In one of his wonderful books, the best-selling author and psychiatrist M. Scott Peck wrote that the reason most people never achieve their greatest dreams is that to get there, you have to go through a period of chaos. Most people will turn back when they reach that point because chaos doesn’t just mean pain, it means change. It means a disruption in the order of our lives. It means confronting one of humankind’s oldest and greatest fears: the unknown.

In the world of psychology, the name for how people deal with this chaos is “risk outcome.” For the majority of clients I’ve worked with, risk outcome has been their #1 issue, and I think it was the #2 issue for all the rest. So what does that mean? Well, essentially it goes back to our discussions of expectations. When we imagine something pleasurable—and this includes the absence of pain—our unconscious mind takes ownership of it, so that we enter a state of crisis if we don’t get it. Before you know it, that issue is consuming you day in and day out. I’ve become convinced this happens because of the way we view the issue, which is all about minimizing risk—in other words, avoiding chaos.

So, time for a new approach. By now you probably know the tune: rather than seeking those external goals, focus on love in the present moment. But let’s take a moment to think about why these things so often end up in conflict. The key here is that love inherently requires risk. You can’t have love without a degree of trust and of vulnerability, both of which are a form of risk. Simply put, love is chaos.

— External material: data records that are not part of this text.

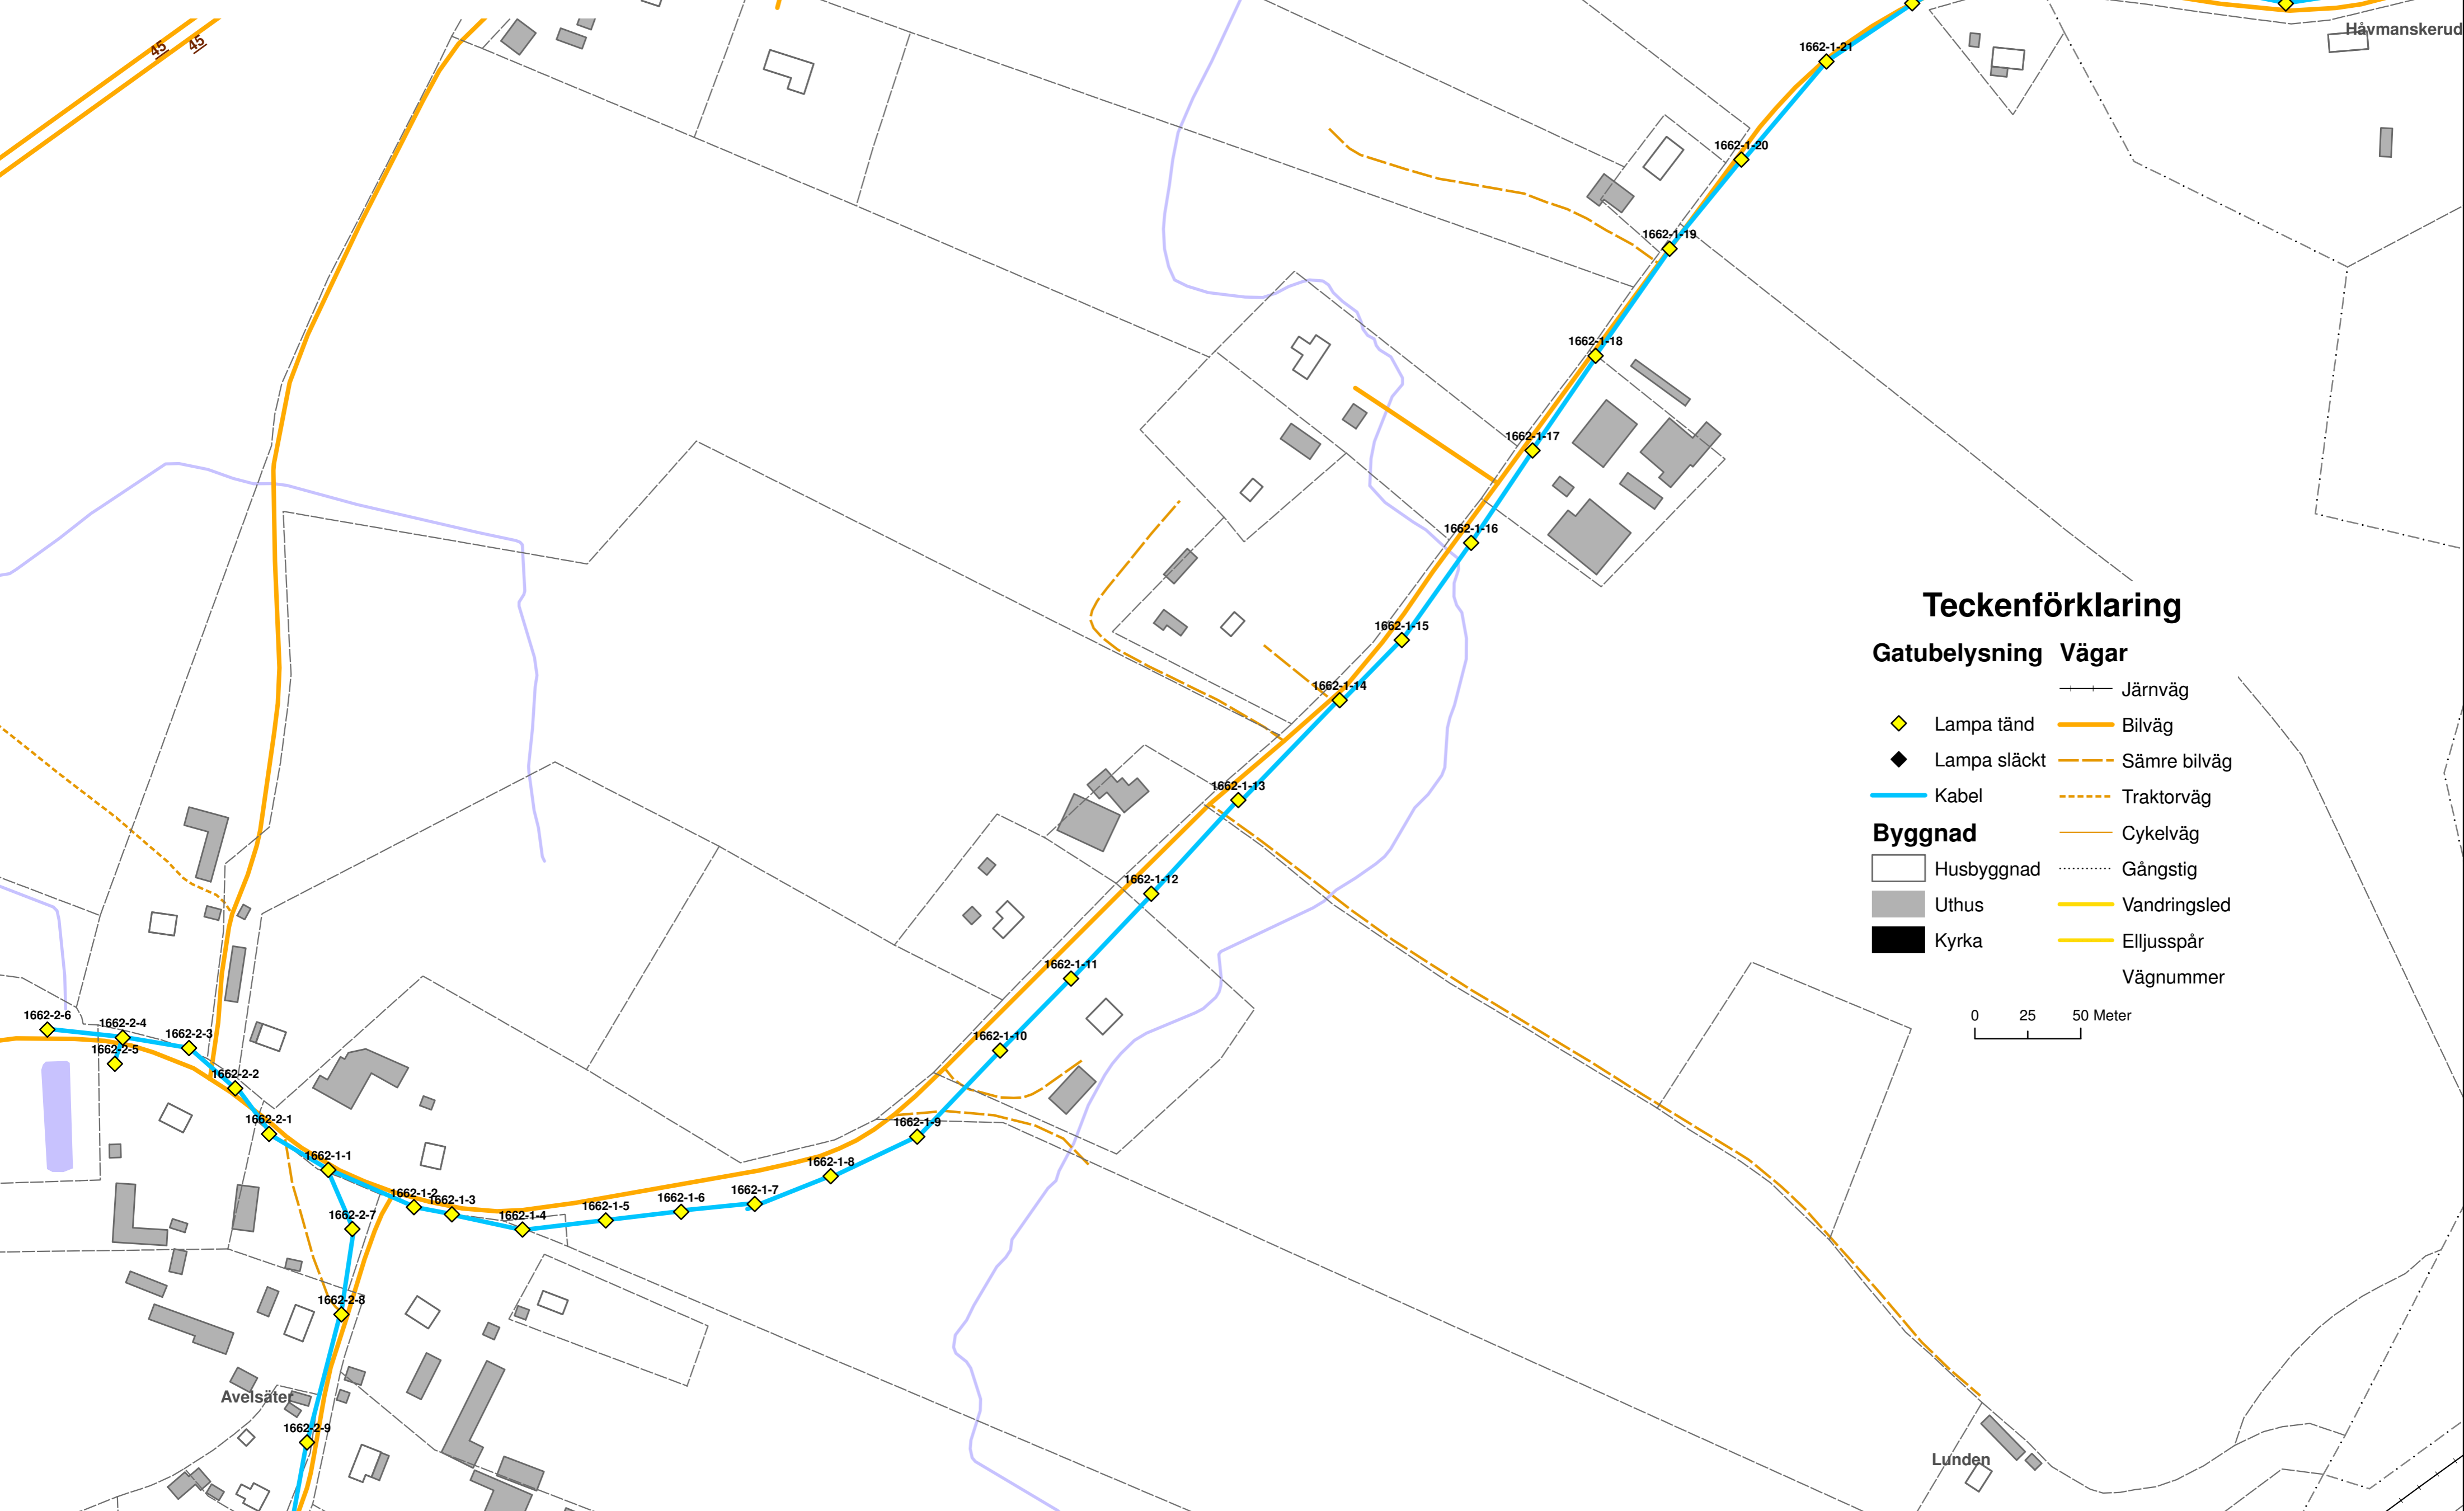

# Gatubelysning Tveta: Avelsåter - Håvmanskerud

### Teckenförklaring

Gatubelysning		Vägar	
◆	Lampa tänd	—	Järnväg
◆	Lampa släckt	—	Bilväg
—	Kabel	- - -	Sämlre bilväg
		- - -	Traktorväg
Byggnad		—	Cykelväg
□	Husbyggnad	⋯	Gångstig
■	Uthus	—	Vandringsled
■	Kyrka	—	Elljusspår
			Vägnummer

I also don’t want to mislead you into thinking that if you take that leap of faith, everything will be nice and breezy all the time. M. Scott Peck had it right when he called chaos painful. In fact, one of the most famous ancient manuscripts on the subject goes so far as to say that “love suffers all things.” What a powerful warning!

Wo we find ourselves in a profound conflict, where the one thing we all need most comes hand-in-hand with the one thing we all most want to avoid. When we try to have it both ways, we find ourselves frustrated, failing, and frequently miserable. So what’s the alternative?

In a word: balance. The first and hardest step is to accept that pain is a necessary part of life, and that sometimes going through pain may be the right path. From there, you can start to change your outlook from avoiding pain (a hopeless cause in any case), to balancing pain, balancing chaos, with the things that really matter the most. If you can do that, it’s true that you may never live without some risk, but you won’t miss the reward either.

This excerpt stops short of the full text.